Tools for working with the Task Assembly service for managing crowdwork projects.

Initial Setup

Start by installing the task-assembly client by running the following command.

pip install task-assembly

Note that the task-assembly client uses some AWS resources. If you haven't done so already, you will need to install the AWS CLI and configure it with your credentials (aws configure) before using the client.

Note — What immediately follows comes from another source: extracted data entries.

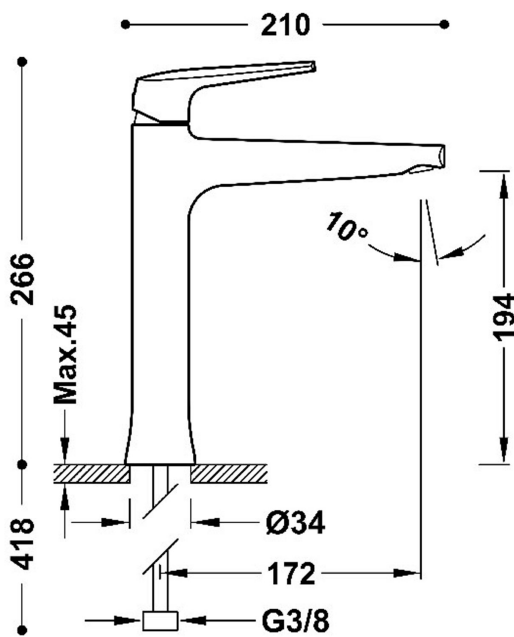

28120301AC

FUJI

Grifo monomando alto para lavabo

·Latiguillos de alimentación flexibles G3/8

Acabado Acero

Aireador: OCULTO DE SILICONA M24x1

Referencia del cartucho: 29902802

Caudal (l/min): 5

Cartucho de larga duración: > 200.000 ciclos

Elemento conexión: FLEXIBLE G3/8"

Grupo acústico: I -

Material: Latón bajo contenido en plomo

Novedad

Resistencia a la corrosión según EN-248
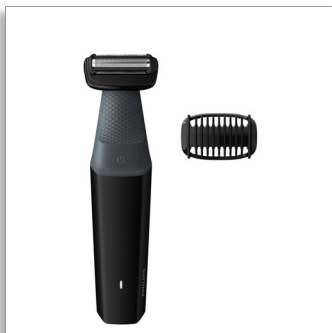

Philips Bodygroom series
3000
Rifinitore impermeabile
per corpo e inguine

Pettine ad aggancio da 3 mm

Rasoio con sistema 2D che segue
i contorni del corpo
50 minuti di utilizzo senza filo

BG3010/13

Cura del corpo facile e sicura anche sotto la cintura

Tecnologia 2D che segue i contorni del corpo, per la protezione della pelle

La serie 3000 è progettata per tagliare i peli senza compromessi in termini di comfort sulla pelle. Puoi utilizzare il rasoio delicato sulla pelle con tecnologia 2D che segue i contorni del corpo o rifinire selezionando il pettine da 3 mm.

Rifinisce in modo sicuro ed efficace anche peli nelle zone intime

- Rifinitore e pettine bidirezionali per rifinire i peli in qualsiasi direzione

Utilizzo facile e senza sforzo

- Rasoio per il corpo creato per durare senza l'utilizzo di lubrificanti
- Impugnatura ergonomica per un maggiore controllo della rasatura
- Bodygroom impermeabile al 100%
- Utilizzo senza filo fino a 50 minuti

Rifinisce in modo sicuro ed efficace anche peli nelle zone intime

- Radersi in modo sicuro e confortevole sulla pelle delicata

PHILIPS

Rifinitore impermeabile per corpo e inguine

Pettine ad aggancio da 3 mm Rasoio con sistema 2D che segue i contorni del corpo, 50 minuti di utilizzo senza filo
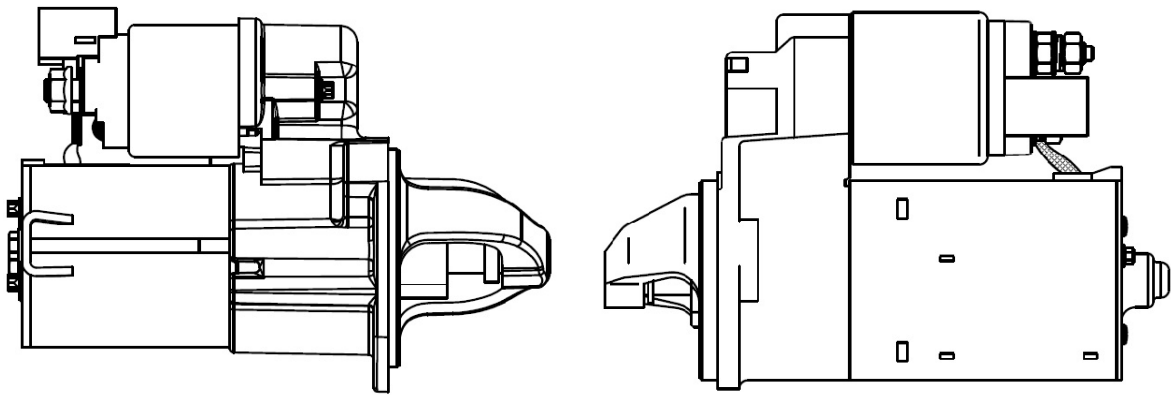

г. Санкт-Петербург

01.09.22

Уважаемые Партнеры!

С 1 сентября STARTVOLT начинает поставки новых стартеров и комплектующих к ним для следующих автомобилей:

- Hyundai Solaris (10-)/KIA Rio (11-) 1.4i/1.6i (с 2012 года)
- Fiat Albea (03-)/Doblo (05-) 1.4i
- VAG 80 (86-)/100 (86-) 2.0i
- VAG Transporter T5 (03-)/Multivan V (03-) 1.9TDI
- Toyota Corolla E110 (95-)/Avensis (97-) 1.6i
- Toyota Corolla E150 (06-)/Rav 4 A30 (08-) 1.6i/2.0i

Уникальные преимущества стартеров STARTVOLT

- Расширенная гарантия – 2 года с момента продажи
- Полностью автоматическая сборка при производстве
- 100%-ный пооперационный контроль качества
- Полная аутентичность оригинальным изделиям по выходным характеристикам, посадочным размерам и комплектующим
- Выходная проверка всех производимых стартеров на специализированном профессиональном оборудовании D&V
- В комплект каждого стартера входит Индивидуальный технический паспорт, отражающий все реальные выходные характеристики
- Расширенная идентификация: для удобства специализированных сервисных станций приводятся номера не только OEM-номера, но и cross-reference основных аналогов – для быстрой идентификации знакомых популярных моделей.
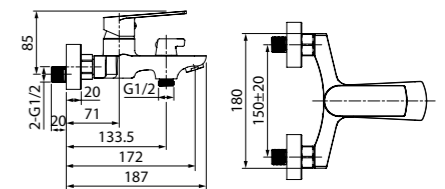

- Цвет покрытия: хром
- Силиконовый аэратор
- Дивертор: керамический
- В комплекте: эксцентрики с отражателями, комплект прокладок

Next, run the following command to configure your Task Assembly API key:

task-assembly configure --key <api-key>

At any point, you can run the following command to check that your account has been correctly configured:

task-assembly configure --validate

Example project

If you are new to Task Assembly, you can start with a small sample project by running task-assembly example to copy a set of files to your working directory. These can be used with the instructions below to set up your first project and help you build familiarity with how Task Assembly works.

Project setup

First, we'll need to create a task-type for this project. This is just a placeholder and will be removed in future updates to Task Assembly. Simply run the following command and capture the id that is generated. When building the example application, use NumbersExample as the type name.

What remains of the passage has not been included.